Kini, Kamulah Pahlawan Itu!

Kini, Kamulah Pahlawan Itu!

Siapakah kini pahlawan hati, pembela bangsa sejati?” Penggalan lirik lagu Gugur Bunga karya Ismail Marzuki, sungguh tepat direnungkan kembali di momen peringatan Hari Pahlawan ini. Sejujurnya semakin sulit menemukan kesepakatan yang agak luas tentang siapa  yang layak menyandang gelar “pahlawan” pada waktu-waktu ini.

Mungkin masyarakat malah lebih mudah menemukan atau memberikan jawaban tentang siapa musuh-musuh negara yang berbahaya, karena merongrong  kewibawaan negara, merampok harta negara, dan mempermalukan kita di dunia internasional. Atau menyelewengkan kekuasaan dari amanah semestinya, menggunakannya untuk kepentingan golongan dan keluarga, dan seterusnya.

Harus diakui, sesungguhnya kita sedang mengalami krisis kepahlawanan. Kita punya banyak daftar nama-nama pahlawan, kisah tentang heroisme pun memang ditanamkan di sekolah-sekolah, namun semua itu hanya sebatas sebagai sebuah pengetahuan. Tidak ada keteladanan dan tidak ada figur!

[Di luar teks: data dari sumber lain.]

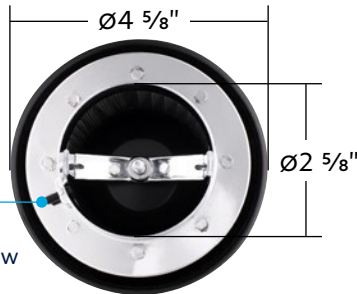

111162 | Black

1 Pc. / Box

4" Round Louvered Air Cleaner With 3-Wing Screw For Carburetors With 2-5/16" Neck - Black

- Classic louvered style cover with 3-wing top screw
- Paper filter element and stainless steel clamp included
- Finished with black EDP protective coating
- Fits 2-5/16" carburetor such as early two barrel Rochester
- Replacement filter available separately, no. A6216-4

111163 | Black

1 Pc. / Box

4" Round Short Neck Louvered Air Cleaner For Carburetors With 2-5/8" Neck - Black

- Classic louvered style cover
- 1/2" lower than regular air cleaner in height
- Paper filter element and stainless steel clamp included
- Finished with black EDP protective coating
- Fits 2-5/8" carburetor such as early Stromberg #97
- Replacement filter available separately, no. A6216-4

111160 | Black

1 Pc. / Box

Locking set screw

4" Round Short Neck Louvered Air Cleaner For Carburetors With 2-5/16" Neck - Black

- Classic louvered style cover
- 1/2" lower than regular air cleaner in height
- Paper filter element and stainless steel clamp included
- Finished with black EDP protective coating
- Fits 2-5/16" carburetor such as early two barrel Rochester
- Replacement filter available separately, no. A6216-4
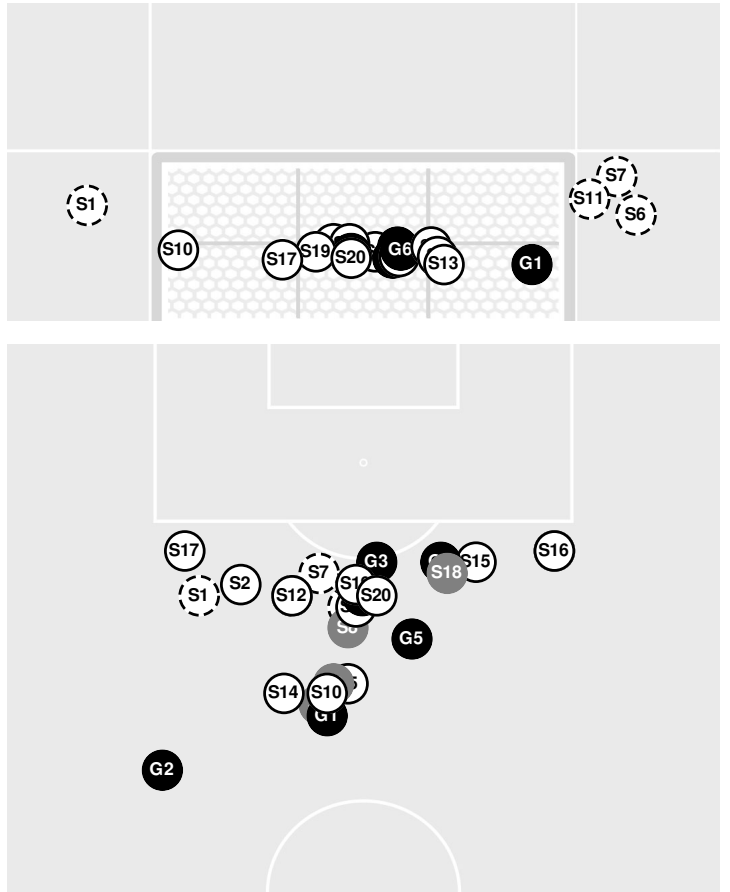

CLEMSON 4, WESTERN CARO. 0

Official Soccer Shot Chart - Final
Clemson vs Western Caro.
 8/25/2022 Catamount Soccer Complex, Cullowhee, N.C.
 2022-23 Women's Soccer

Match Time: 7:00 PM
Match Duration: 01:55
Attendance: 1212

Officials: Josiah Parke, Eric Usher, Cameron Porter

Shots by Half Intervals		1st Half	2nd Half
Catamounts		0	6
Tigers		16	10

Shot Chart

CATAMOUNTS

TIGERS

Shot Off Target
 Shot On Target
 Blocked
 Goal / Own Goal
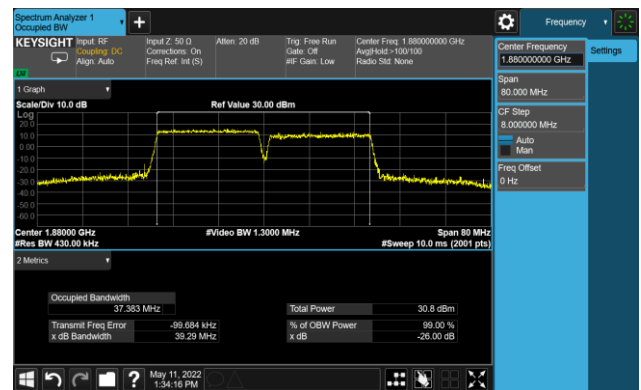

20+20MHz Channel Bandwidth
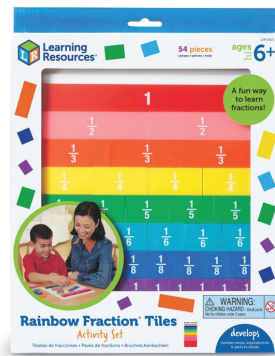

Web: [www.cosydirect.com](http://www.cosydirect.com)

SKU: W02714

Rainbow Fraction  
Tiles With Tray

£18.11 inc vat -  
£15.09 ex vat

## Additional Information

SKU	W02714
Manufacturer	Learning Resources
Age Suitability	2 Years+
Pack Size	51
Warranty	1 Year
Express Delivery	Express Under 10 Days

<https://www.cosydirect.com/rainbow-fraction-tiles-with-tray-w02714>

Para remaja kita pun bingung, karena samarnya sosok pahlawan yang nyata dalam kehidupan mereka. Sehingga, di dalam pencarian mereka itu, para remaja melakukan konseptualisasi sendiri tentang figur pahlawannya. Mereka pun membuat kriterianya sendiri dan figur pahlawan mereka bisa jadi adalah: Kylian Mbappe, Erling Haaland, dan Mohammad Salah. Tentu saja hal ini tidak salah, karena mereka memang butuh figur untuk diteladani dan diikuti jejaknya. Namun menjadi bermasalah, karena figur pahlawan tersebut tidak satu pun yang merupakan anak negeri, dan standar imaginasi yang mereka gunakan berpotensi menimbulkan dampak terhadap konsep dan apresiasi yang benar tentang nilai-nilai heroisme.

Baca Juga : Dunia Kerelawanan dan Kelembagaan (Bagian 8): "Godaan Menjadi Pahlawan"

Terjadinya krisis kepahlawanan ini muncul dari dua lini. Pertama, kelompok dan figur yang diharapkan oleh masyarakat untuk memiliki jiwa kepahlawanan ternyata memang tidak mampu memosisikan diri sesuai harapan masyarakat. Kelompok dan figur itu justru tenggelam dalam kenikmatan fasilitas dan popularitas. Kedua, terjadinya pendangkalan apresiasi atas prilaku heroisme dan figur heroik yang ada di sekitar kita, oleh masyarakat itu sendiri. Sesungguhnya masih banyak tindakan heroik di tengah masyarakat. Namun karena skala tindakannya kecil dan dilakukan oleh orang-orang biasa, tindakan tersebut tidak diapresiasi sebagai tindakan heroik.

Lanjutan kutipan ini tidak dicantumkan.